PROBLEM REQUIREMENTS:
For each line of the data that includes the word "Frost", copy the line.

Dataset excerpts:

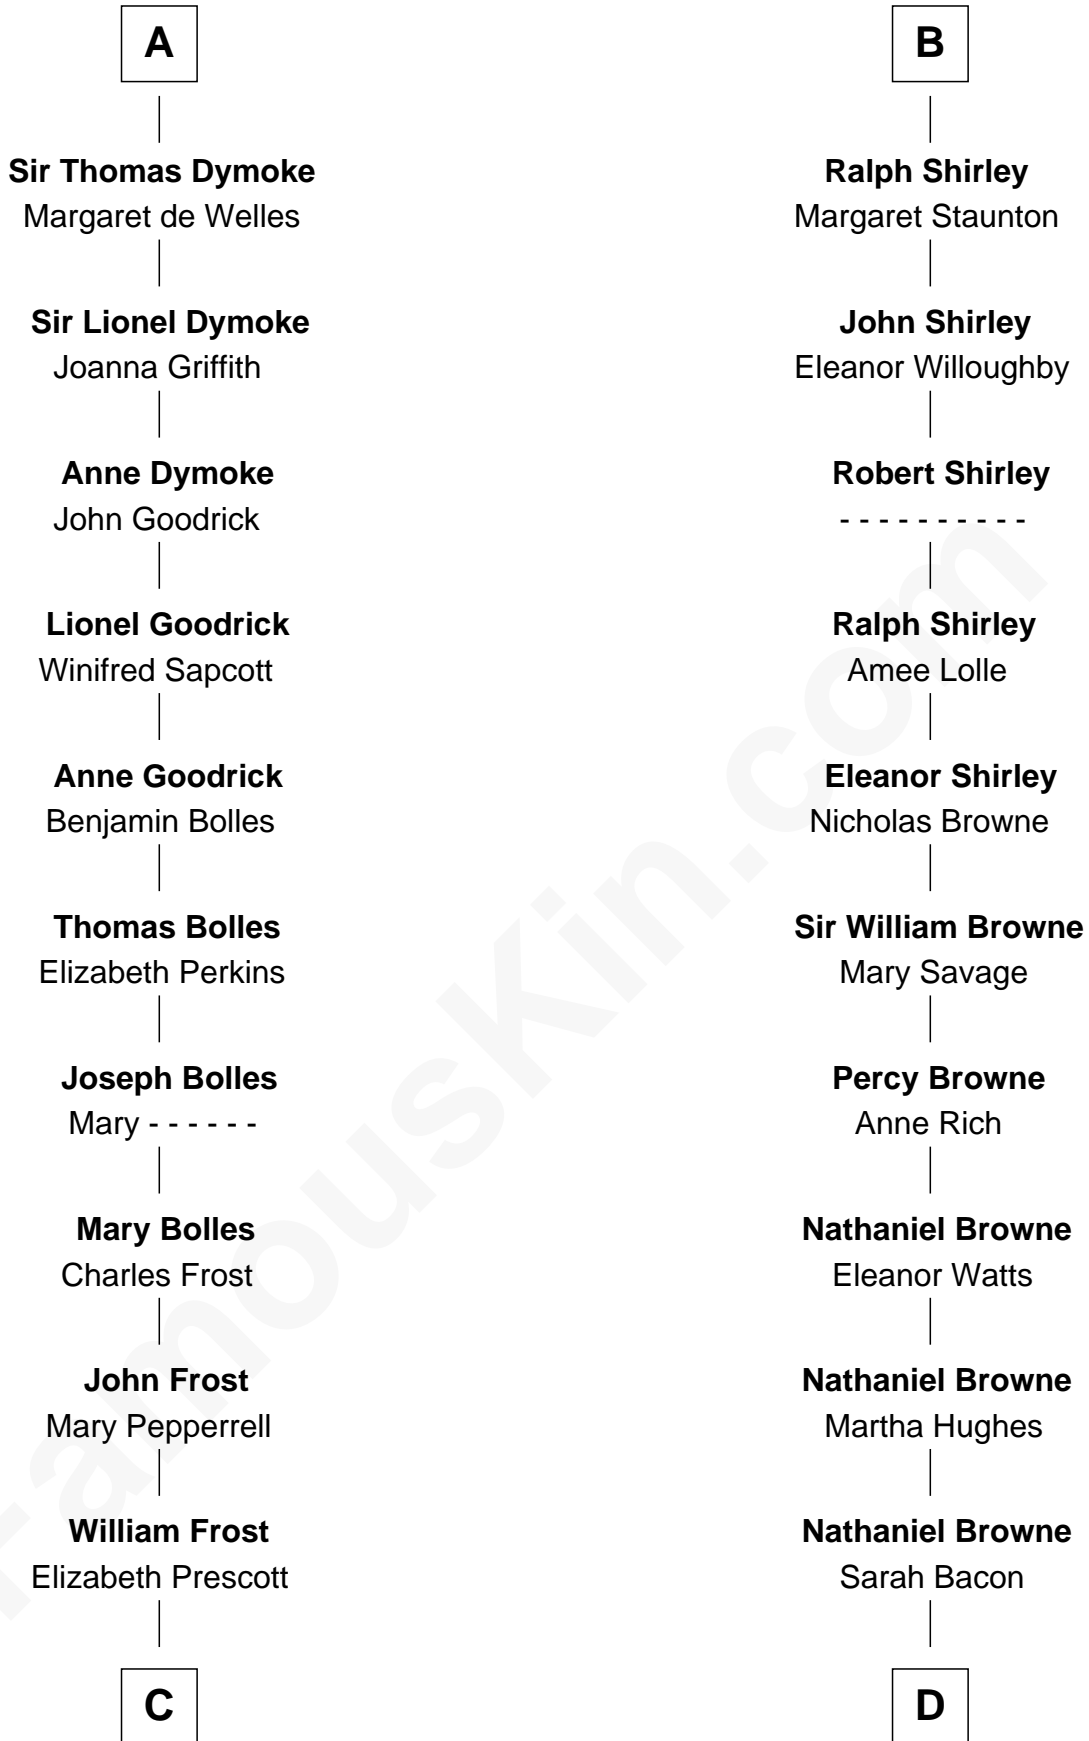

# FamousKin.com Relationship Chart of

**Robert Frost**

*Poet and Playwright*

21st cousin of

**William Henry Moore**

*Co-Founder, U.S. Steel and Nabisco*

**Reginald FitzPiers**

**C**

**William Frost**

Sarah Holt

**Samuel Abbott Frost**

Mary Blunt

**William Prescott Frost**

Judith Colcord

**William Prescott Frost**

Isabella Moodie

Mary Bradley

**Rachael Arvilla Beckwith**

Nathaniel Ford Moore

**William Henry Moore**

*Co-Founder, U.S. Steel and Nabisco*

EXERCISE SOLUTION:
**Robert Frost**
**William Frost**
**Samuel Abbott Frost**
**William Prescott Frost**
**William Prescott Frost**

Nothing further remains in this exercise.